TASK TO CARRY OUT: The required result is the exact run of lines beginning at the one containing "- 1 내벽형 정격:**" and ending at the last line of the entries.

== Segment start ==

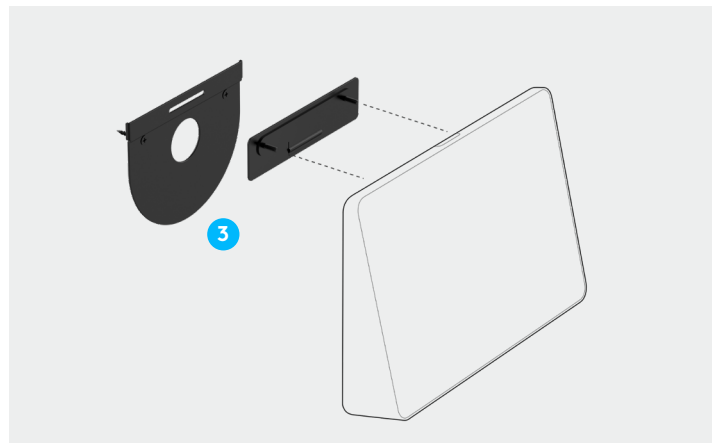

테이블 마운트

- 1 **피벗이 포함된 로우 프로파일:** 사용자의 편의를 위해 180° 회전이 가능하며 Tap의 매끈한 외관과 14° 화면 각을 유지합니다.
- 2 **대부분의 테이블에 적합:** 최대 두께 50mm 및 그로밋 직경 51-89mm 인 테이블까지 맞춤 사용이 가능합니다.

- 3 **케이블 관리:** 깔끔한 외관을 위해 그로밋을 통한 케이블 다운 라우팅을 지원합니다.

라이저 마운트

- 1 **피벗을 포함한 하이 프로파일:** Tap의 화면 각을 30°로 올려 대형 회의실에서 더 잘 볼 수 있으며 사용자의 편의를 위해 180° 회전이 가능합니다.
- 2 **대부분의 테이블에 적합:** 최대 두께 50mm 및 그로밋 직경 51-89mm 인 테이블까지 맞춤 사용이 가능합니다.

- 3 **케이블 관리:** 깔끔한 외관을 위해 그로밋을 통한 케이블 다운 라우팅을 지원합니다.

월 마운트

- 1 **어떤 벽에도 깔끔한 설치:** 플레이트와 클리트 구조는 얇은 두께로 매끈한 외관을 연출할 수 있습니다.
- 2 **HDMI 케이블 클립:** 유선 콘텐츠 공유를 지원하는 애플리케이션과 함께 사용할 때 쉽게 액세스할 수 있도록 HDMI 케이블을 걸어놓을 수 있습니다.

- 3 **내벽 케이블링:** Tap의 후면 및 하단 케이블 출구로 벽 내부 또는 바닥 아래로 케이블을 연결할 수 있습니다.

- 3 하이드어웨이 디자인:** 벽의 디스플레이 뒤 또는 테이블 아래에 PC를 보이지 않게 장착하기 위한 하드웨어가 포함되어 있습니다.

로지텍 STRONG USB 케이블

- 1 내벽형 정격:** 아라미드 강화, 플리넘 정격 및 Eca 인증으로 벽, 천장 위 또는 표준 3/4인치 도관 내에서 높은 인장 강도와 내구성을 제공합니다.
- 2 안정적인 연결:** 로지텍 Strong USB는 사용자가 Tap을 회의실에서 이동할 때에도 Tap의 내부 케이블 고정 및 압력 완화 시스템을 통해 안전하게 연결되어 있습니다.
- 3 호환성:** USB 3.1, 3.0 및 2.0을 지원하는 액티브 광케이블은 MeetUp 및 Rally 카메라와 같은 자체 전원 USB 타입 C 장치 또는 자체 전원 공급 장치가 있는 모든 USB 타입 C 허브와 호환됩니다.
- 4 컴퓨터를 보이지 않는 곳에 배치:** 10미터 및 25미터 길이의 케이블을 이용하여 회의실 컴퓨터를 회의 참석자들로 부터 멀리 떨어뜨려 보이지 않도록 배치할 수 있으며, 컴퓨터의 소음, 열, 케이블로부터 자유로와 질 수 있습니다.

== Segment end ==

SOLUTION TO THE EXERCISE:
- 1 내벽형 정격:** 아라미드 강화, 플리넘 정격 및 Eca 인증으로 벽, 천장 위 또는 표준 3/4인치 도관 내에서 높은 인장 강도와 내구성을 제공합니다.
- 2 안정적인 연결:** 로지텍 Strong USB는 사용자가 Tap을 회의실에서 이동할 때에도 Tap의 내부 케이블 고정 및 압력 완화 시스템을 통해 안전하게 연결되어 있습니다.
- 3 호환성:** USB 3.1, 3.0 및 2.0을 지원하는 액티브 광케이블은 MeetUp 및 Rally 카메라와 같은 자체 전원 USB 타입 C 장치 또는 자체 전원 공급 장치가 있는 모든 USB 타입 C 허브와 호환됩니다.
- 4 컴퓨터를 보이지 않는 곳에 배치:** 10미터 및 25미터 길이의 케이블을 이용하여 회의실 컴퓨터를 회의 참석자들로 부터 멀리 떨어뜨려 보이지 않도록 배치할 수 있으며, 컴퓨터의 소음, 열, 케이블로부터 자유로와 질 수 있습니다.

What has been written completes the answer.